#### [GOAL OF THE EXERCISE]
Look at each line of the listing. Copy those that hold the string "Scan".
+++++
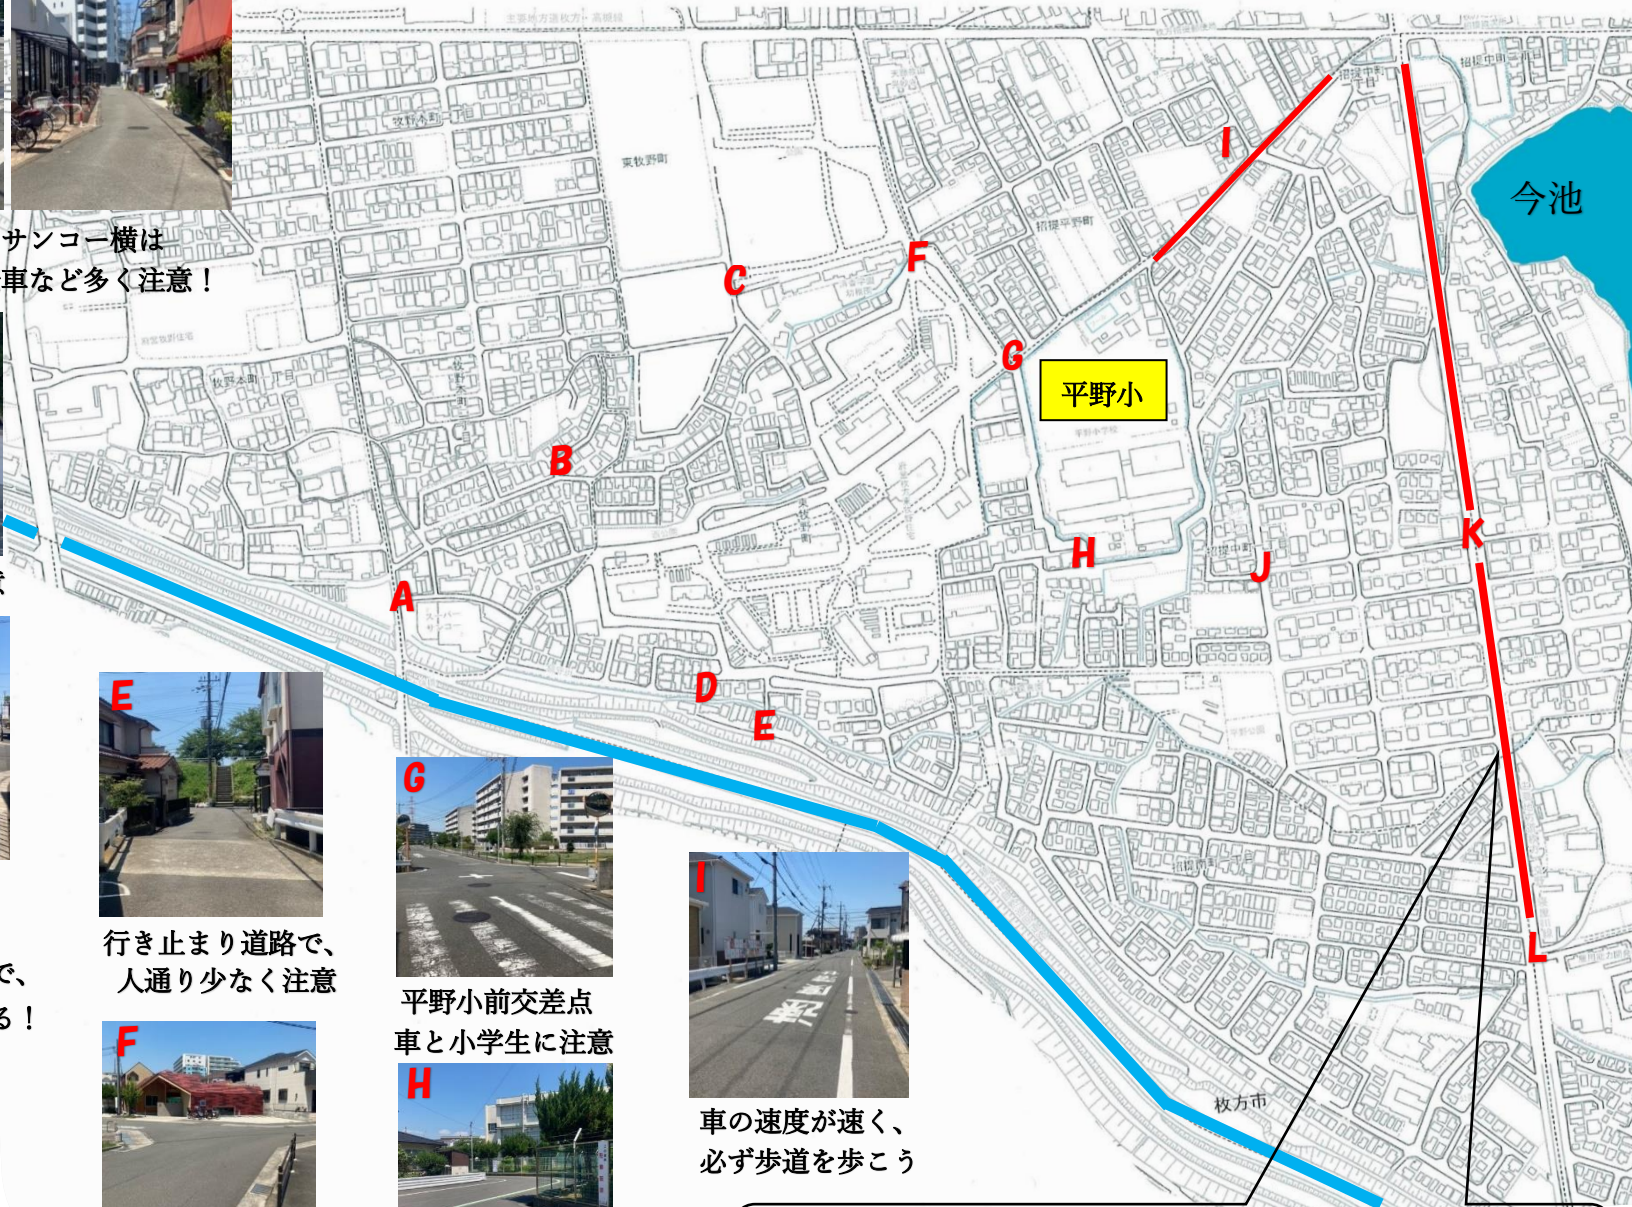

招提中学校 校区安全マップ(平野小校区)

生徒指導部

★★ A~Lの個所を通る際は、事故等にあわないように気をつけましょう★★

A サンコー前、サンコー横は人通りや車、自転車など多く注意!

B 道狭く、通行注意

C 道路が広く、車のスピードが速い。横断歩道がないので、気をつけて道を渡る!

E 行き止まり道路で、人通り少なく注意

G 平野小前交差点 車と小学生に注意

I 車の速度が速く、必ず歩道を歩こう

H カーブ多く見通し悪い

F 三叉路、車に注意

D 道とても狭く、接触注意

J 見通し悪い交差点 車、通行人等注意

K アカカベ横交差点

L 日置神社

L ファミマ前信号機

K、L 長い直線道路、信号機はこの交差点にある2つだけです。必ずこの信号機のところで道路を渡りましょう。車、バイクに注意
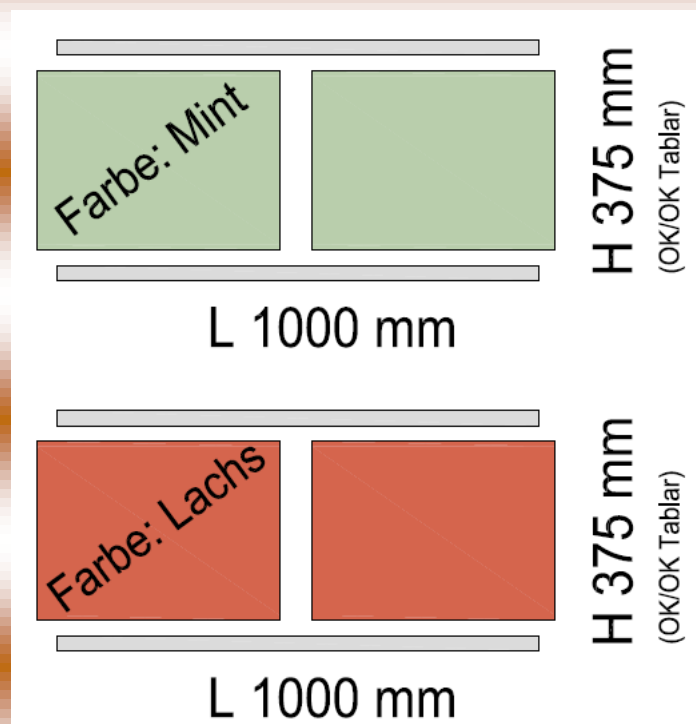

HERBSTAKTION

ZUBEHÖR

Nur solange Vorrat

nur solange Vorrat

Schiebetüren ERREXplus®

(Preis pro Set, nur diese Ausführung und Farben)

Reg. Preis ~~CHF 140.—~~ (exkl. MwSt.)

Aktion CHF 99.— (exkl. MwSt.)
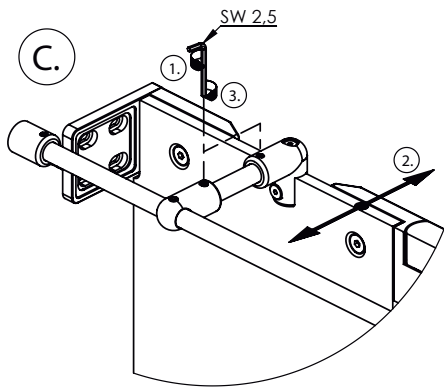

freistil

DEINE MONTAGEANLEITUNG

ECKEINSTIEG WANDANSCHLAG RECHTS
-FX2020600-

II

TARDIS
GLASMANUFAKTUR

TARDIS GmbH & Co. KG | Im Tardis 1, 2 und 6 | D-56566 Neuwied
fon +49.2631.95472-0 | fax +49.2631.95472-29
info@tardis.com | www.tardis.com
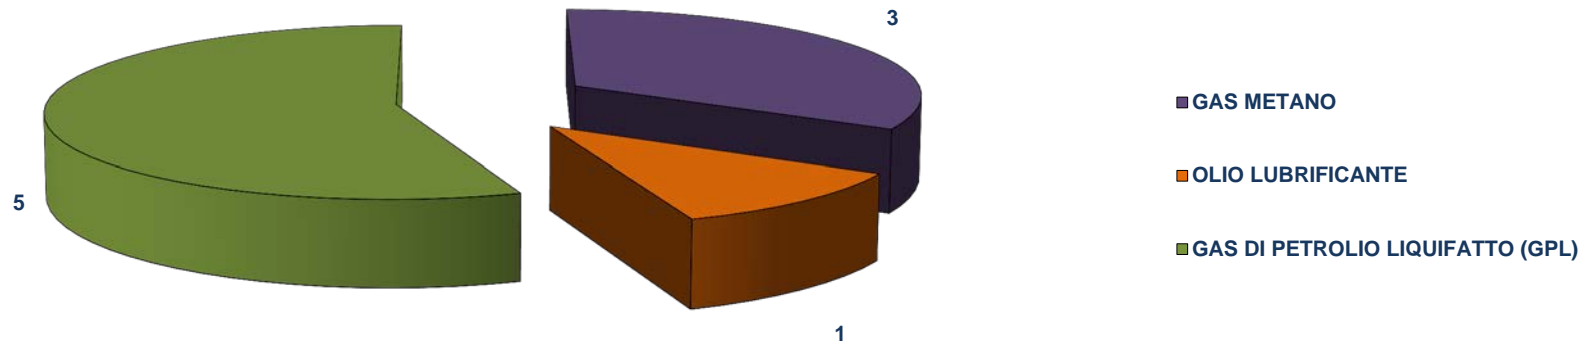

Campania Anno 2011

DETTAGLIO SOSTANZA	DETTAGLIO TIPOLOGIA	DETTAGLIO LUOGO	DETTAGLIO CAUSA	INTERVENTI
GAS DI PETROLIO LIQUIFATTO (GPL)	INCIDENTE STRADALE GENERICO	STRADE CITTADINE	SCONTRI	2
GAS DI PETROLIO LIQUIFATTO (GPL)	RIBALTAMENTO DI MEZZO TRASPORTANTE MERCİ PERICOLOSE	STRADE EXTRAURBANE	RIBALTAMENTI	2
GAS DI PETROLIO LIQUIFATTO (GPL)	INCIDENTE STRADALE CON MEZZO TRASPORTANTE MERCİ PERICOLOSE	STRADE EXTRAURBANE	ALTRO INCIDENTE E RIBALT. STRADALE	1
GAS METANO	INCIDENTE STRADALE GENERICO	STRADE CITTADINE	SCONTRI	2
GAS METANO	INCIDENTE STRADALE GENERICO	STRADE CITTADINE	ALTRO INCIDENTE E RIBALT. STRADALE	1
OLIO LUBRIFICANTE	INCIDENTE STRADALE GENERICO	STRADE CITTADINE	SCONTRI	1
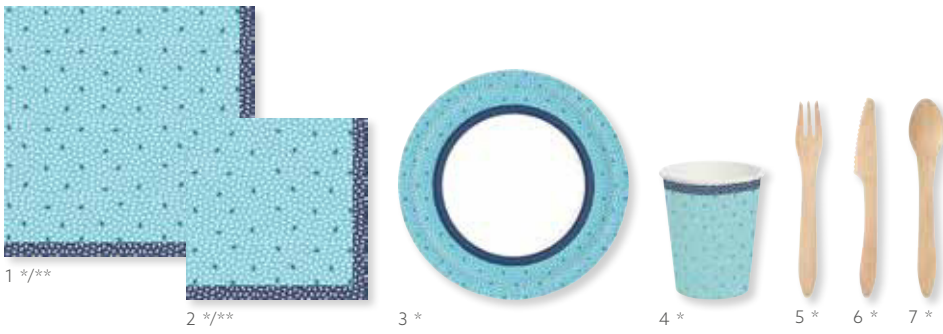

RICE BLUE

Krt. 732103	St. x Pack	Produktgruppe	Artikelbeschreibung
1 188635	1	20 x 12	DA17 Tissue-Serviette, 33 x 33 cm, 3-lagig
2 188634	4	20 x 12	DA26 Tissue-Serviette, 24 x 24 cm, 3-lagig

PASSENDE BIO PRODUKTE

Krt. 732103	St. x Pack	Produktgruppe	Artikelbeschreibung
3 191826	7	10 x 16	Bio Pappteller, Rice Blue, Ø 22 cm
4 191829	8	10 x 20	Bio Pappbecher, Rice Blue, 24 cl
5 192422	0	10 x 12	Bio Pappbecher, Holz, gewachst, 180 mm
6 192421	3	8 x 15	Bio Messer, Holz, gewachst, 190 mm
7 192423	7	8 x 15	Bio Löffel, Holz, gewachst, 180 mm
+++++
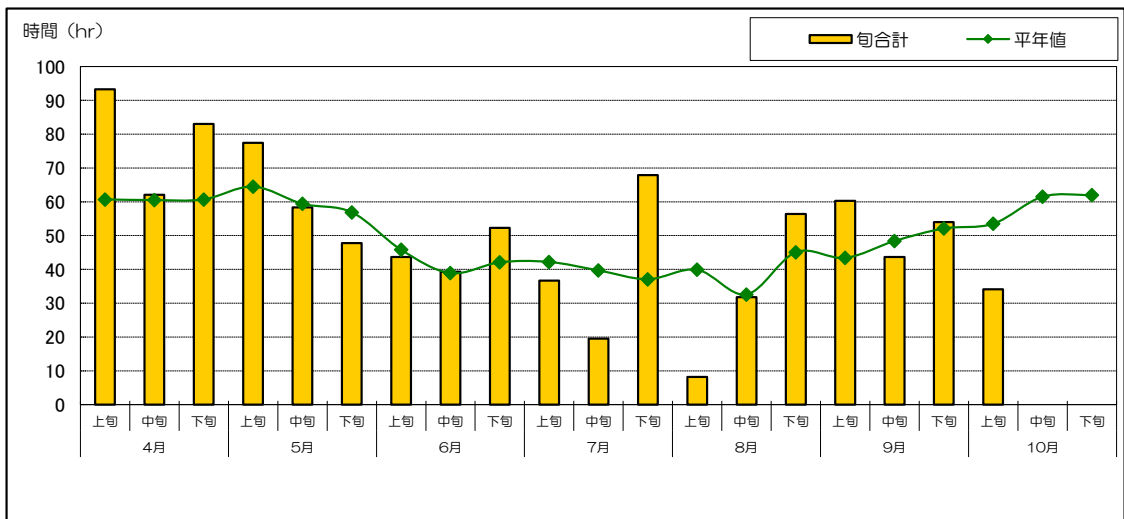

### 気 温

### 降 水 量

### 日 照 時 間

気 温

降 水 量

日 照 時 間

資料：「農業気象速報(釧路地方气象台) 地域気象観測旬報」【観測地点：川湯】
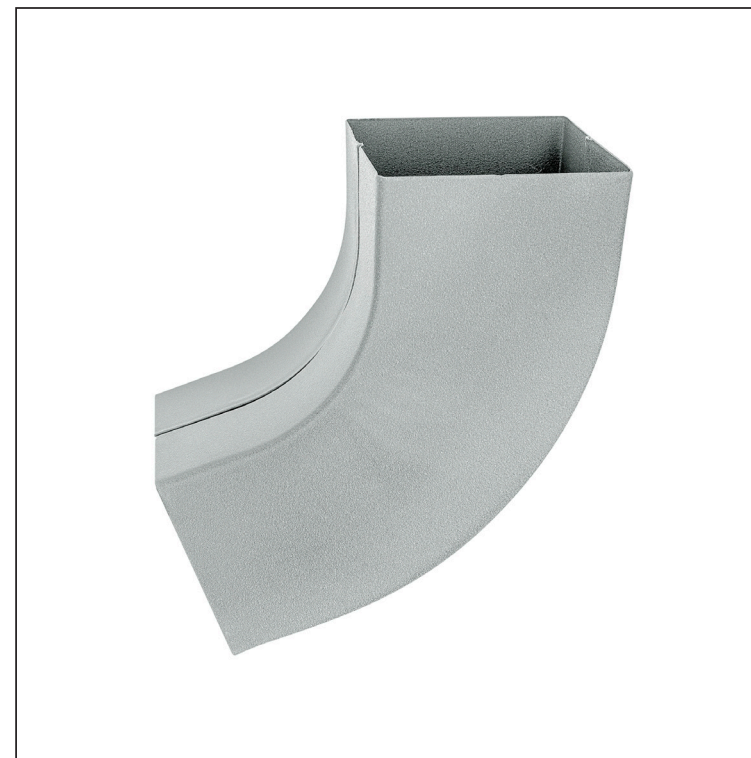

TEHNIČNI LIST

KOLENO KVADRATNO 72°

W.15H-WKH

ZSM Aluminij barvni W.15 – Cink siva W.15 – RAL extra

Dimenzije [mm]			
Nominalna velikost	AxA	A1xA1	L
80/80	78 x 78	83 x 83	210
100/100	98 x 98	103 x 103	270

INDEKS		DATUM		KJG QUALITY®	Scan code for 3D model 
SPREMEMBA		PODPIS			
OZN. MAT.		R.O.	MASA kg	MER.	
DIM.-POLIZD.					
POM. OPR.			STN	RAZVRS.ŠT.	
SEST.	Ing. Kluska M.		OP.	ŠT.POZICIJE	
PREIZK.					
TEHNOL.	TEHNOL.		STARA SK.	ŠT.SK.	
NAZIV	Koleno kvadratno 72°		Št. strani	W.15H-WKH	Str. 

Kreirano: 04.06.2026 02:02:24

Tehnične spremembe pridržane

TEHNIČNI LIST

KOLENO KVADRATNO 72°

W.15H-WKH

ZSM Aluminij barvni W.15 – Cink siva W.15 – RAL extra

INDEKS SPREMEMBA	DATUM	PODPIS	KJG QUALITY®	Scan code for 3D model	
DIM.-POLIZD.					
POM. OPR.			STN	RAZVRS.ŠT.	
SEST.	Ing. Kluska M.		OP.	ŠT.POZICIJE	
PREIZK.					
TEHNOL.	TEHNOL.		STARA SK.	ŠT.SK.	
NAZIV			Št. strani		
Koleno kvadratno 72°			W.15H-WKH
+++++
#### [SOLUTION TO THE PROBLEM]
INDEKS		DATUM		KJG QUALITY®	Scan code for 3D model 
INDEKS SPREMEMBA	DATUM	PODPIS	KJG QUALITY®	Scan code for 3D model	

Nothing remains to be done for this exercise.